Tuesday, 23 July 2019

Ceisteanna (1114)

Seán Crowe

Ceist:

1114. Deputy Seán Crowe asked the Minister for Health the reason for the decision to grant Spinraza to 25 persons under 18 years of age while 18 other adults are denied access to the drug. [31736/19]

Amharc ar fhreagra

Freagraí scríofa (Ceist ar Health)

The HSE has statutory responsibility for medicine pricing and reimbursement decisions, in accordance with the Health (Pricing and Supply of Medical Goods) Act 2013.  The Act specifies the criteria to be applied in the making of reimbursement decisions which include the clinical and cost effectiveness of the product, the opportunity cost and the impact on resources that are available to the HSE.

As Minister for Health, I do not have any statutory power or function in relation to the reimbursement of medicines.

However, I can advise that on 11 June 2019, the HSE Leadership Team approved access to the drug Nusinersen (Spinraza) for children with Spinal Muscular Atrophy (SMA) Type I, II or III on an exceptional and individualised basis.

The HSE decision process in relation to Spinraza involved a full Health Technology Assessment followed by detailed consideration by the HSE expert groups on new drug therapies, including the Technology Review Group for Rare Diseases and the HSE Drugs Committee. Evidence of the clinical effectiveness of this new drug therapy was also reviewed.

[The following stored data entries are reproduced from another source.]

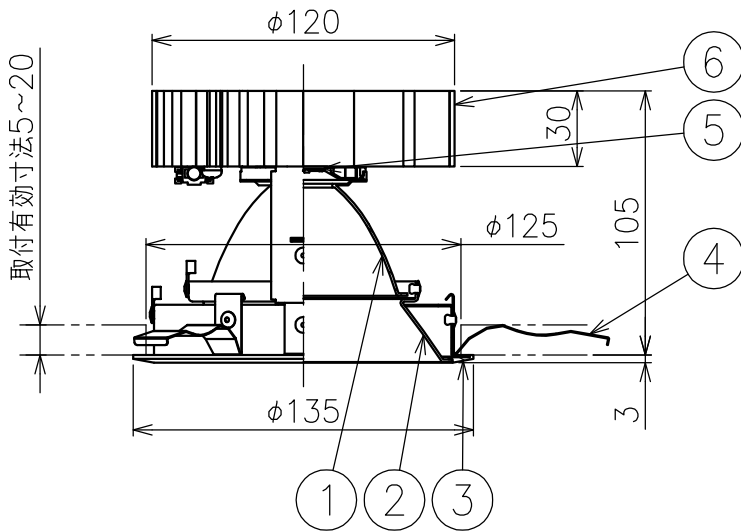

埋込穴寸法
φ125

取付有効寸法5~20

組合せ 別売電源装置	周波数	入力電圧	入力電流	入力電力
KDZ101N1 (非調光)	50/60Hz	AC100V	0.21A	18W
		AC200V	0.12A	

配光角	色温度	品番	定格光束
中角	3000K	REDK-018C2AB	1294lm
	4000K	REDK-018C2CB	1425lm
	5000K	REDK-018C2DB	1454lm
広角	3000K	REDK-018C3AB	1243lm
	4000K	REDK-018C3CB	1368lm
	5000K	REDK-018C3DB	1397lm

※本品の規格および外観は改良のため予告なしに変更する事がありますので、あらかじめご了承ください。

埋込穴寸法
φ125

取付有効寸法5~20

組合せ 別売電源装置	周波数	入力電圧	入力電流	入力電力
KDZ101N2 (非調光)	50/60Hz	AC100V	0.27A	27W
		AC200V	0.14A	

配光角	色温度	品番	定格光束
中角	3000K	REDK-027C2AB	2034lm
	4000K	REDK-027C2CB	2239lm
	5000K	REDK-027C2DB	2287lm
広角	3000K	REDK-027C3AB	1954lm
	4000K	REDK-027C3CB	2151lm
	5000K	REDK-027C3DB	2195lm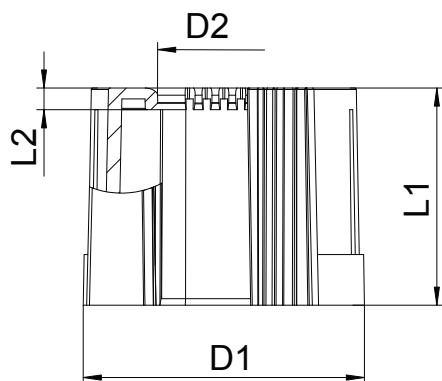

Tehnisko datu lapa

Caurules uzgalis, dalāms, metriskās, gaiši pelēks

Art.-Nr. 2047812

Dalāmais cauruļu uzgalis uzspraušanai uz metriskās elektroinstalācijas caurules. Dalāmo cauruļu uzgali var izmantot, veicot paredzētos remontdarbus esošajās instalācijās. Turklāt nav nepieciešams atvienot kabelus no skavām, tādējādi nodrošinot ātru montāžu.

PE Polietilēns

Pamatdati

Art.-Nr.	2047812
Tips	129 TB M16
Dimensija	M16
Krāsa	gaiši pelēks
RAL numurs	7035
Materiāls	Polietilēns
Materiāla saīsinājums	PE
Mazākā VK vienība (VG)	50,00 gab.
Svars	0,40 kg/100 gab.

Tehnisko datu lapa

Caurules uzgalis, dalāms, metrisks, gaiši pelēks

Art.-Nr. 2047812

Tehniskie dati

Izmērs D1	20,00 mm
Izmērs D2	10,00 mm
Izmērs L1	30,00 mm
Izmērs L2	3,00 mm
Izpildījums	Spraudņi
caurules diametram	16,00 mm
Izmērs	M16
Nesatur halogēnus	<input checked="" type="checkbox"/>
Virsmā matēta	<input type="checkbox"/>
Pulēta virsma	<input type="checkbox"/>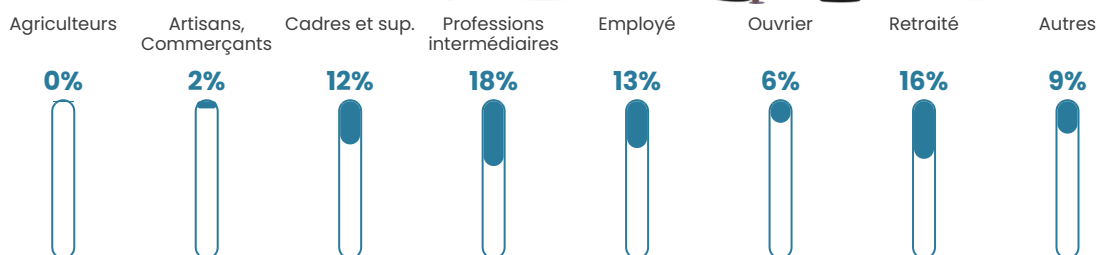

Revenu moyen

27 620 €/an

Evolution du nombre d'habitants

Sources : Institut national de la statistique et des études économiques (insee) selon Les dernières parutions officielles de 2024 portant sur les années 2020, 2021 et 2022.

Tranche d'âge

Activité professionnelle

Niveau de diplôme

Composition des ménages

Profils électoraux

Premier tour

	Emmanuel MACRON	40.54 %
	Jean-Luc MÉLENCHON	19.94 %
	Marine LE PEN	13.51 %
	Yannick JADOT	8.04 %
	Éric ZEMMOUR	4.17 %
	Valérie PÉCRESE	3.48 %
	Anne HIDALGO	2.43 %
	Fabien ROUSSEL	2.39 %
	Jean LASSALLE	2.23 %
	Nicolas DUPONT- AIGNAN	1.77 %
	Nathalie ARTHAUD	0.75 %
	Philippe POUTOU	0.75 %

After a thorough review of all of the data it was decided to approve access for children with genetically confirmed SMA Type I, II or III, in accordance with the controlled access criteria recommended by the Rare Diseases Technology Review Committee.  The rare diseases committee recommendation was clearly targeted at the youngest and most severely affected SMA patients, and this group is the clear priority for the HSE.  The actual patient assessment and approval process will be the means for determining access on an individual case by case basis.